Hallford and Hallford (2001) has defined four types of rewards. These are rewards of glory, rewards of sustenance, rewards of access, and rewards of facility.

Rewards of sustenance are defined as items found within the gameworld, that can help prolong your character’s lifespan within the game, such as extra lives or better gear. Rewards of facility, allows a character to level up or acquire new abilities in order to gain an advantage over other players or the system.
Since both Firewatch and Danganronpa follow a strict novel-like format where no harm can ever come to the main character – unless said harm is scheduled – both these categories are obsolete.

One might in that case say, that the experience of playing a strictly progressive and scripted game, is purely based on rewards of glory.
This reward system is defined by Hallford and Hallford as something that doesn’t have any direct impact on the game mechanics, but something the player gathers satisfaction from – and will later discuss in social situations – nonetheless.
Since both Firewatch, Danganronpa, and other games of the format is largely composed of scheduled events and dialogue with no branching storylines, one might say that the entire game is one long reward system of glory.
The player forms a connection with the story and certain characters, and these are the exact events he or she will later on discuss with friends.

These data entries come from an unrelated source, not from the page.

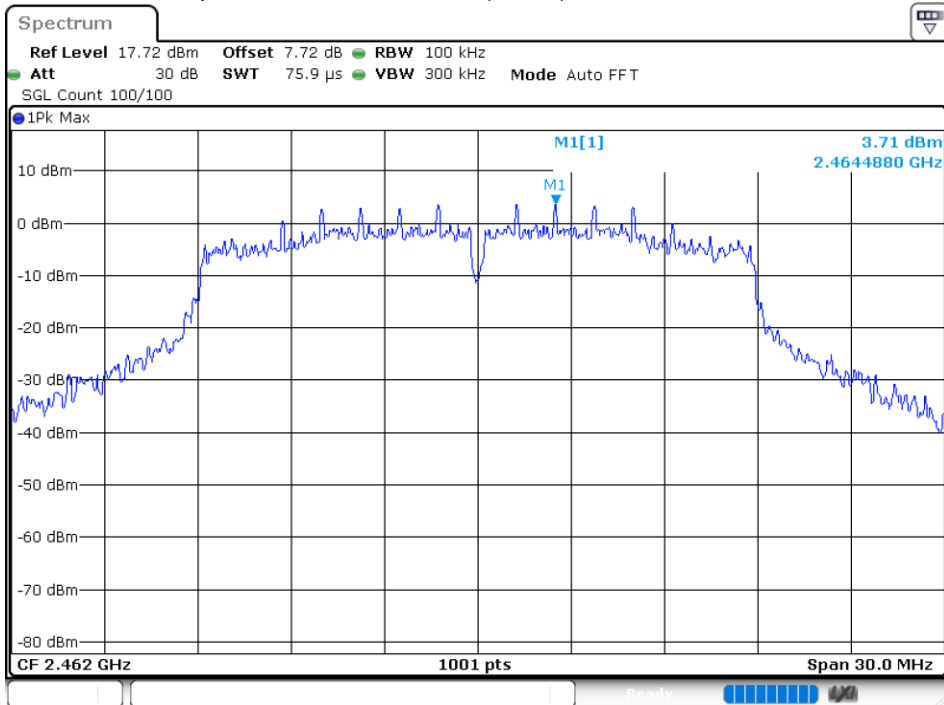

Tx. Spurious NVNT 802.11n(HT20) 2462MHz Ant 1 Emission

Tx. Spurious NVNT 802.11n(HT20) 2412MHz Ant 2 Ref

Tx. Spurious NVNT 802.11n(HT20) 2412MHz Ant 2 Emission

Tx. Spurious NVNT 802.11n(HT20) 2437MHz Ant 2 Ref

Tx. Spurious NVNT 802.11n(HT20) 2437MHz Ant 2 Emission

Tx. Spurious NVNT 802.11n(HT20) 2462MHz Ant 2 Ref

Tx. Spurious NVNT 802.11n(HT20) 2462MHz Ant 2 Emission

Tx. Spurious NVNT 802.11n(HT40) 2422MHz Ant 1 Ref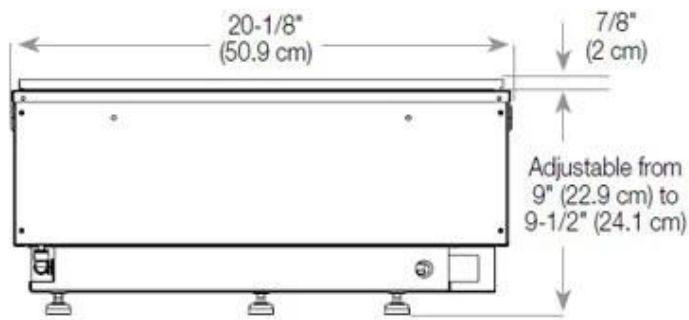

#### Medidas

Largo/Ancho	80 cm
Altura	50 cm
Profundidad	40 cm
Peso	25 kg
Longitud cable	150 cm

CASSETTE 500 MANUAL

TOP

FRONT

SIDE

CASSETTE 500 AUTOMATIC

TOP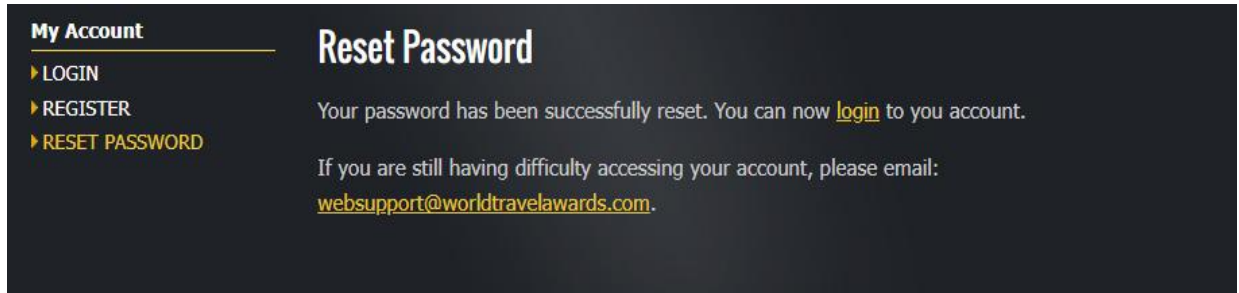

My Account

- ▶ LOGIN
- ▶ REGISTER
- ▶ **RESET PASSWORD**

Reset Password

Please fill out the form below to reset your password.

New Password

Confirm Password

SUBMIT

Hình 10

B5. Sau khi xác nhận đổi mật khẩu thành công (Hình 11) vào lại công bình chọn của Giải thưởng, bấm **Vote** điền **email**, nhập mật khẩu mới và bấm **Submit**

Hình 11

III. Bình chọn

1. Bình chọn cho hạng mục đề cử thứ nhất "Vườn quốc gia hàng đầu Châu Á năm 2026" đối với Vườn quốc gia Phong Nha – Kẻ Bàng.

The one other important category, is rewards of access. This category is defined as rewarding the player with a new area of the game world to explore.
Firewatch relies purely on the player’s freedom of exploration. In fact, this is the game’s only form of gameplay.
Danganronpa lets the player know far ahead of time that an entire new playing area will be opened up, when a chapter is completed.
As a result, the promise of being able to peek behind the curtains of the game world and explore further, is one of the two main features that actively keeps consumers engaged.

In conclusion, it is clear that even though these games are closer to what many would call interactive novels, the theory of reward-systems defined by Hallford and Hallford still applies, and this is very likely what helps these products overall qualify as games.

 

 

References:

Gazzard, Alison (2011) ‘Unlocking the Gameworld: The Rewards of Space and Time in Videogames’. Game Studies, Volume 11 Issue 1.
Available at: http://gamestudies.org/1101/articles/gazzard_alison (Accessed: 15 October 2017)

Hallford, N. & Hallford, J. (2001) Swords and Circuitry: A designer’s guide to computer role playing games. Premier Press, Incorporated.

 

Ludology:

Campo Santo (2016) Firewatch [Video game] Panic.

Spike Chunsofuto (2010) Danganronpa: Trigger Happy Havoc [Video game] Spike Chunsofuto.